EXERCISE REQUIREMENTS -
How many of the lines below include "CARRYING"? Give the number and no other words.

(Items from a dataset)
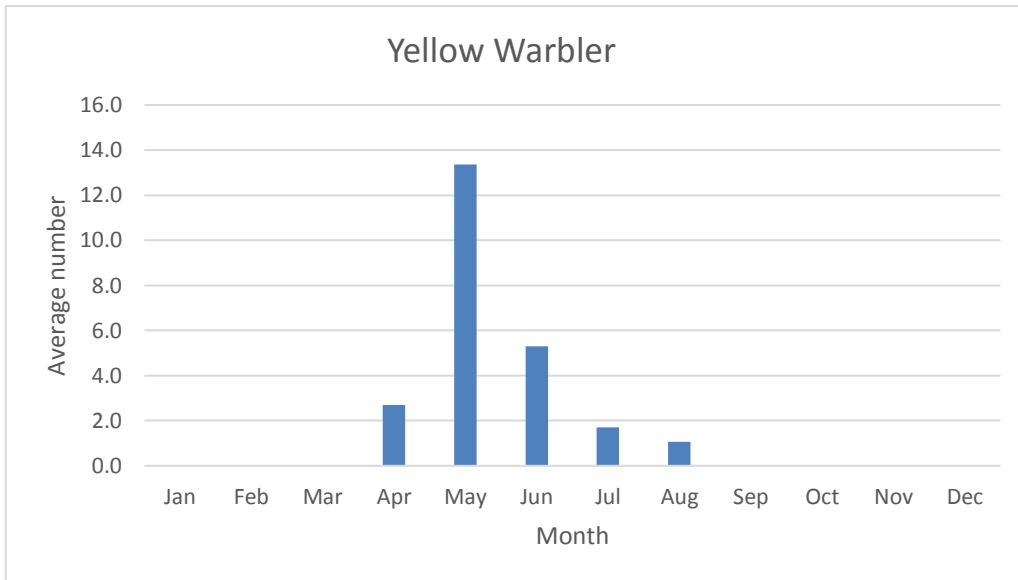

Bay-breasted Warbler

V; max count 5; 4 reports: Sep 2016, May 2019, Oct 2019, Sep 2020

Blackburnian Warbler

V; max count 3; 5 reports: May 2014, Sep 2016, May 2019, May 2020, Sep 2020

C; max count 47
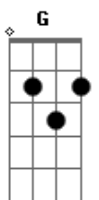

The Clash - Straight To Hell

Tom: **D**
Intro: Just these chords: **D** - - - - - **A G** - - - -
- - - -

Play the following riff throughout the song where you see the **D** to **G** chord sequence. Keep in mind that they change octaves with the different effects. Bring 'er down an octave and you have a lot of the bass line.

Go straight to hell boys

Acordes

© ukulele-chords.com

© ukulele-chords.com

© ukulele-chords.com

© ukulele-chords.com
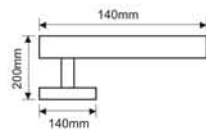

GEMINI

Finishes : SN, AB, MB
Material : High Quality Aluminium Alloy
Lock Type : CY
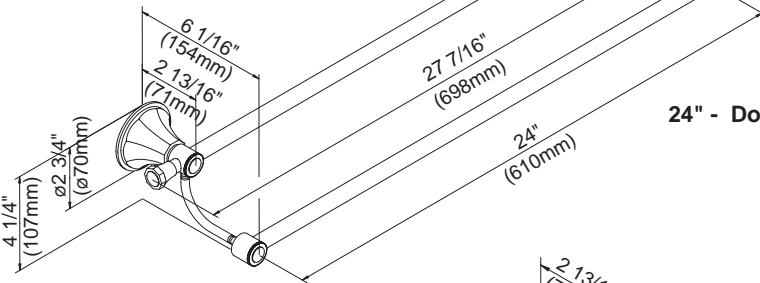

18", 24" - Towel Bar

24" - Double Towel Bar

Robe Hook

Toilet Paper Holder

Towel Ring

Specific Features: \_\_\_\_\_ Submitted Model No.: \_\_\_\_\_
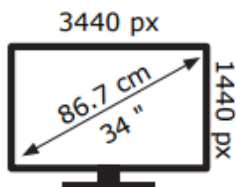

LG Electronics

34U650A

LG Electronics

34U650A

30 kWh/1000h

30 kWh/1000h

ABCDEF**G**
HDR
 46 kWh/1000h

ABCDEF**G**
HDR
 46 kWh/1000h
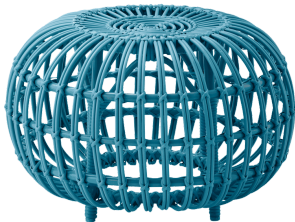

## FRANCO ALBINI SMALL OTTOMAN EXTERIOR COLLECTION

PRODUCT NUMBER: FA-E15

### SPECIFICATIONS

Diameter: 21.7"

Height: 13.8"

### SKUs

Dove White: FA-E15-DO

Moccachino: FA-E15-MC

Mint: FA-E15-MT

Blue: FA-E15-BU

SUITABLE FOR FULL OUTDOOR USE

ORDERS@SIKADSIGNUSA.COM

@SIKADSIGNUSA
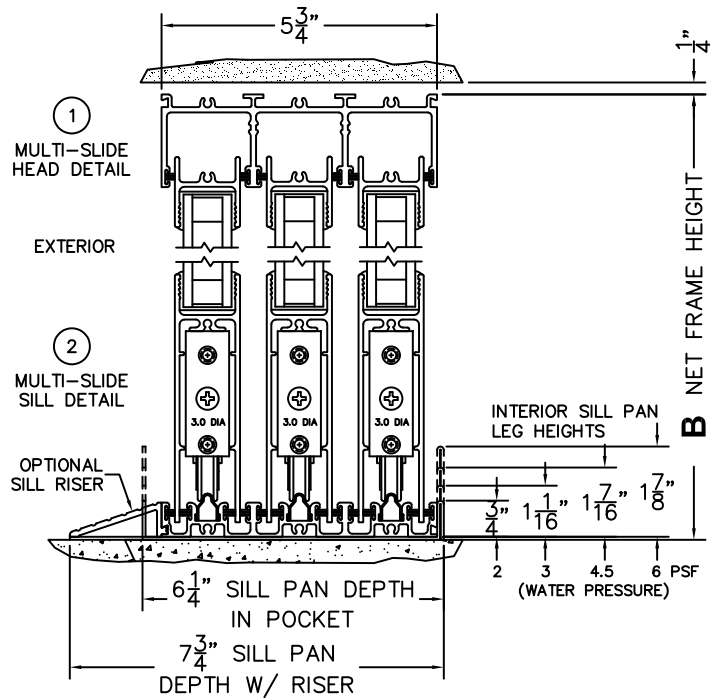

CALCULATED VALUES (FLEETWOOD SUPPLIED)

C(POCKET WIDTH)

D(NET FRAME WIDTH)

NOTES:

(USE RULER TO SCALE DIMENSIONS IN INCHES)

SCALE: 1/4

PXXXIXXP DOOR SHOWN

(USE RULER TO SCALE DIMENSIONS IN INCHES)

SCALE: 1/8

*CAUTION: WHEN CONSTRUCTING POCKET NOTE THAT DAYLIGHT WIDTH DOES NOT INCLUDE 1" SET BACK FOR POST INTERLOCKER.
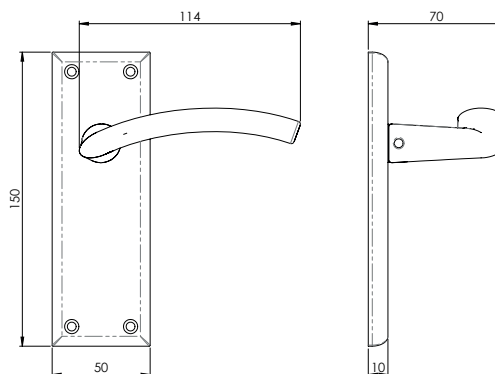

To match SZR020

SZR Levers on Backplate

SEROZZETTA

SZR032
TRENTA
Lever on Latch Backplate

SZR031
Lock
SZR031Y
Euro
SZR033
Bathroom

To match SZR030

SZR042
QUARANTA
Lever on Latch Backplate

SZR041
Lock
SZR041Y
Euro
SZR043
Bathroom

* * *

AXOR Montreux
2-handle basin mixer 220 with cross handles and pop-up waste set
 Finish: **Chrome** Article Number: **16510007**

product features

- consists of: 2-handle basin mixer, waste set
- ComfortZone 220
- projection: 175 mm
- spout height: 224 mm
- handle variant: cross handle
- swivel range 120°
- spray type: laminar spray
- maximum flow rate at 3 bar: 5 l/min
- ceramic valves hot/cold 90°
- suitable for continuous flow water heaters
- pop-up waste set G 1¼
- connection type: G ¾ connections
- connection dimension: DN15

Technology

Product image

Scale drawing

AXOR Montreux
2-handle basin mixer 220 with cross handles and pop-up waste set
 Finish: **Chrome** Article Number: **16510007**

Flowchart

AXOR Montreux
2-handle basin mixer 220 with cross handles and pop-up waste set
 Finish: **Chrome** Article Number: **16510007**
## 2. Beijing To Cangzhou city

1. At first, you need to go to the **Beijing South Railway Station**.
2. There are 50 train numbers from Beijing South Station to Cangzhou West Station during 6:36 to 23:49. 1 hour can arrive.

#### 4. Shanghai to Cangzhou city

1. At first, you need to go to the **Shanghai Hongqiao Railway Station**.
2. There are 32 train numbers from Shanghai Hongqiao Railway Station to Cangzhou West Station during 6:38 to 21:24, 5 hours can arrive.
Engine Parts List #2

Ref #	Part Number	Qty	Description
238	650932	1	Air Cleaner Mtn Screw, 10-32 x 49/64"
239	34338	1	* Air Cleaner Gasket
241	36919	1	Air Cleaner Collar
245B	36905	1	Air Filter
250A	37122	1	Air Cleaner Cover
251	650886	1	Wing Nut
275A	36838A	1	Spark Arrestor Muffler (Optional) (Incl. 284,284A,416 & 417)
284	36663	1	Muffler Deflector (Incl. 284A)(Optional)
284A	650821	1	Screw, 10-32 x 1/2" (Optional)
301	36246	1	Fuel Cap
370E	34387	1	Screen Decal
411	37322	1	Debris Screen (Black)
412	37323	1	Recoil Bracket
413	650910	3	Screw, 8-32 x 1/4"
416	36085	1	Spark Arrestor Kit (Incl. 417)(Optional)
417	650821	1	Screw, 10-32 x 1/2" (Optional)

--

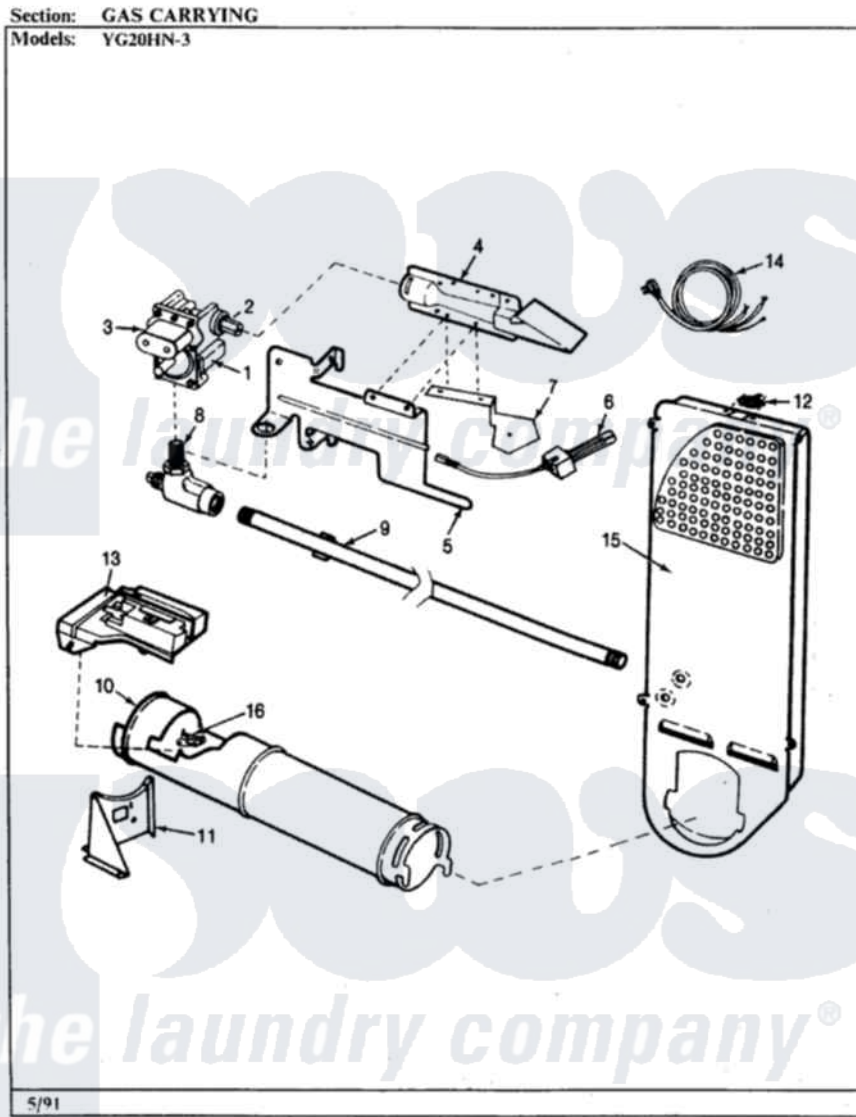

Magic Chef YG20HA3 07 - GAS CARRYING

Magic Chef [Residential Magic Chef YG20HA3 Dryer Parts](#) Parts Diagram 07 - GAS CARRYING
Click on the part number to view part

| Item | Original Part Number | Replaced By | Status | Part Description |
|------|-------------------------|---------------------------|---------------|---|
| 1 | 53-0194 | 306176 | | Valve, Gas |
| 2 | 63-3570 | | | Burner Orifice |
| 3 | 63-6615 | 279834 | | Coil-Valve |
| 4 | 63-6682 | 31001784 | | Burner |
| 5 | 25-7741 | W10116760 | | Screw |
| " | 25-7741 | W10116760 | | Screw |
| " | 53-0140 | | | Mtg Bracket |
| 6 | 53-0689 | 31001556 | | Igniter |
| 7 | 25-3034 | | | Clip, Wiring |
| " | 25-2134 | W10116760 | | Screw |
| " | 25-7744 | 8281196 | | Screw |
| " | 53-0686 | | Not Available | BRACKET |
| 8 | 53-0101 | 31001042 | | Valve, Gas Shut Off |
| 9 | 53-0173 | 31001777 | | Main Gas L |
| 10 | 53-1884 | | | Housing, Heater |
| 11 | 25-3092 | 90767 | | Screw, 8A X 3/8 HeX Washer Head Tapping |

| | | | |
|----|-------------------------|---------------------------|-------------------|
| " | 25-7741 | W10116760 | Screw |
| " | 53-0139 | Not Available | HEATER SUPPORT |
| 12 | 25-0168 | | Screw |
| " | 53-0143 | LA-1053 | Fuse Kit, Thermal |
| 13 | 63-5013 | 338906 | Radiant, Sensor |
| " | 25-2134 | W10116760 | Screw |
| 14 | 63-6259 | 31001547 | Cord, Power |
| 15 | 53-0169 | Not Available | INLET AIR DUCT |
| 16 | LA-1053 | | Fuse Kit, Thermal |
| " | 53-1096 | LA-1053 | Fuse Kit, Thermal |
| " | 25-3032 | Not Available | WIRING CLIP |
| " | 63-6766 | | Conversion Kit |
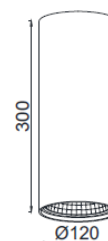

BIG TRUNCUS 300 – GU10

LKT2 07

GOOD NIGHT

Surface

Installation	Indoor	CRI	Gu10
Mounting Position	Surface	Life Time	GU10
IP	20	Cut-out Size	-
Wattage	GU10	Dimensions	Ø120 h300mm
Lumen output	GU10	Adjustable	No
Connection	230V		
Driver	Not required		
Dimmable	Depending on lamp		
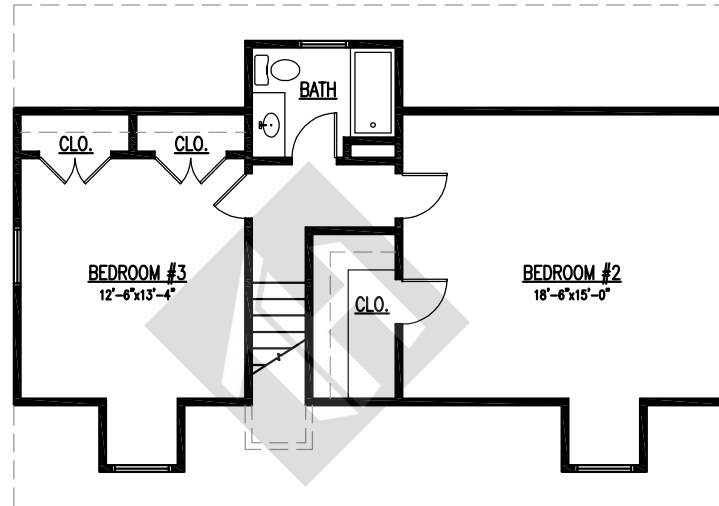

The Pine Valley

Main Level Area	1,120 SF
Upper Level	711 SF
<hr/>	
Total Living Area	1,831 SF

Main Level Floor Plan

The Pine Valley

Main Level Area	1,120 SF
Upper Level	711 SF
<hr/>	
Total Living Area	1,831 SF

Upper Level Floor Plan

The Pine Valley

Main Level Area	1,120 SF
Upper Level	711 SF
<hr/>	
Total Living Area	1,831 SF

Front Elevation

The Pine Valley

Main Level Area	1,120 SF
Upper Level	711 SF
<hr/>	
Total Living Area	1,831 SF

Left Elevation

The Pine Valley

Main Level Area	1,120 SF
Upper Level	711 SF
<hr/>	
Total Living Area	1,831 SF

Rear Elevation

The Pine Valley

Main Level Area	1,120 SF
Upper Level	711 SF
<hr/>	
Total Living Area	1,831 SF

RESPONSE TO THE EXERCISE -
2